Turbo set up, bike mounted to it, and a few revs to check gears etc are working ok, it was fine but would probably need fine tuning after the first ride over ten miles. Ten minutes into this trial of gears etc it started to rain, I covered the seat with a plastic shopping bag and sat in the car awaiting the dry all day ‘day’ to appear. As I sat there the rain began to absolutely pour down, I looked at the jersey with the number ‘fifteen’ pinned to it, looked through the water cascading down the windscreen at the even darker slow moving clouds, no way I thought, the number would have to be returned and my name added to the dreaded capitals, DNS.

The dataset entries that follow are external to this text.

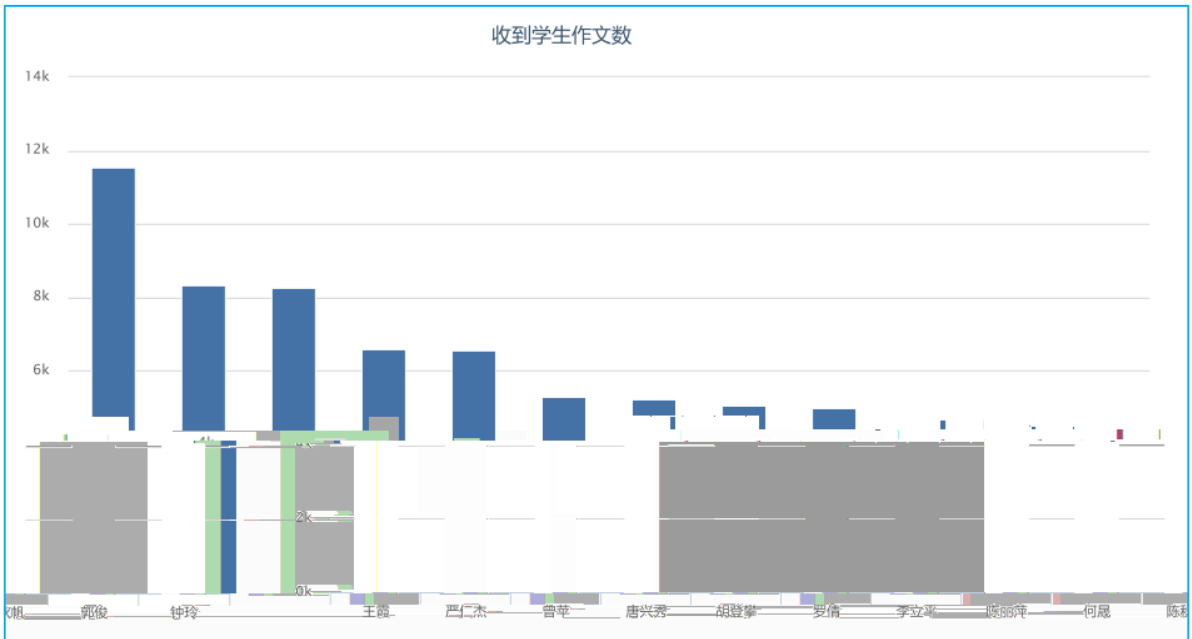

Header		
	99	

Header	

Header			

Header		

Header			

Windows8.1	
Mac Office 2011	
Mac Office 2016	
Office 2010	
Office 2013	
Office 2016	
Windows10	
Windows 7	
Windows8	

姓名	布置作文数	学生数	收到学生作文数
王霞	95	1918	11554
严仁杰	152	1623	8347
曾苹	126	1454	8264
唐兴秀	45	927	6588
胡登攀	48	1434	6545
罗倩	103	1714	5284
李立平	60	1352	5222
陈丽萍	37	1617	5054
何晟	51	1037	4970
陈秋帆	34	1827	4685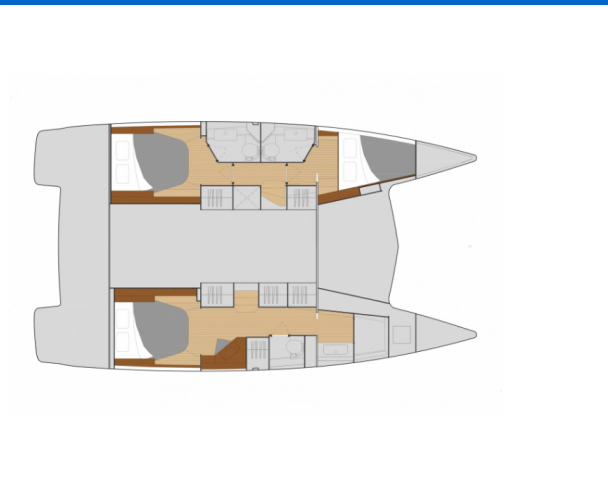

FOUNTAINÉ PAJOT ISLA 40

Pizza My Heart (2023)

Katamarán Fountaine Pajot Isla 40 Pizza My Heart, rok spuštění na vodu 2023 kotví v marině BVI, Tortola, Nanny Cay Marina, Britské Panenské Ostrovy (BVI), Britské Panenské ostrovy. Počet kajut: 3, může ubytovat celkem: 6 a má toalet: 2. Povlečení a kuchyňské vybavení jsou zahrnuty v ceně.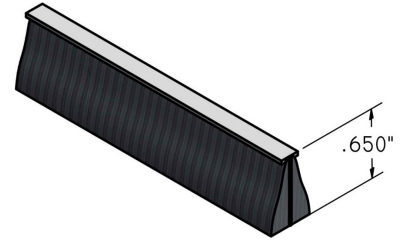

GRY .650" 187-30-GF FIN

SKU: PBF32-GRY
Category: [BugStrip](#)
UMO:FT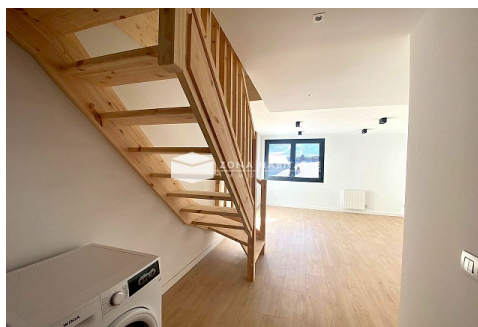

## Duplèx a estrenar a Andorra la Vella

ref: **13116**

92 m2

3

3

No Inclòs

Edifici reformat de nou, amb magnífics pisos en venda situat a la Parròquia d'Andorra la Vella, a Carrer Roureda de Sansa. Situació ideal, ja que esta a tan sols 5 minuts en vehicle del centre on trobem tots els serveis i comerços necessaris per a la vida diària (des de col·legis, metges, Govern d'Andorra, Seu de la Justícia, restaurants, botigues, grans magatzems i entitats bancaries... ). Nous a estrenar amb sol i vistes. L'edifici of...

I constantly looked at my watch, the start time was getting ever closer, a few brave souls began to get their bikes out to warm up, warm up, it was cold and very wet. Former Bolton member Sean Warren was one of the first to make a move, is he mad, surely he’s not going to warm up in this heavy rain, he was.
Suddenly the rain stopped, should I or shouldn’t I, that was the question, mad or what?
By now it was too late to start warming up on the turbo trainer so it was packed away and the bike readied for the off. The rain may have stopped but the roads were awash, it was not going to be the comfortable ride the Met had forecast.
At least I was suitably attired for the cold wet stuff, Aldi merino long johns and vest, Aldi waterproof socks, some little comfort was gained by the prospect of dry warm feet even if the other 95% was going to be sodden as I made my way to the start.
Normally I like to get the 77 year old legs moving with a warm up of at least 45 minutes but today it was not to be but the biggest problem would be my breathing, and so it proved. I had been stupid enough, again, to take my inhaler but not use it and I was seven miles into the ten before I could even partially control the gasping, by which time the legs were wondering whether or not to give up. Well it’s only a Christmas festivity ride, enjoy it, it’s only half an hour or so of suffering and think of the calories you will burn off.
The finish line approaches, that’s it, all over, I’ve survived, time? Don’t even think about it, after all it’s only an enjoyable Christmas ride.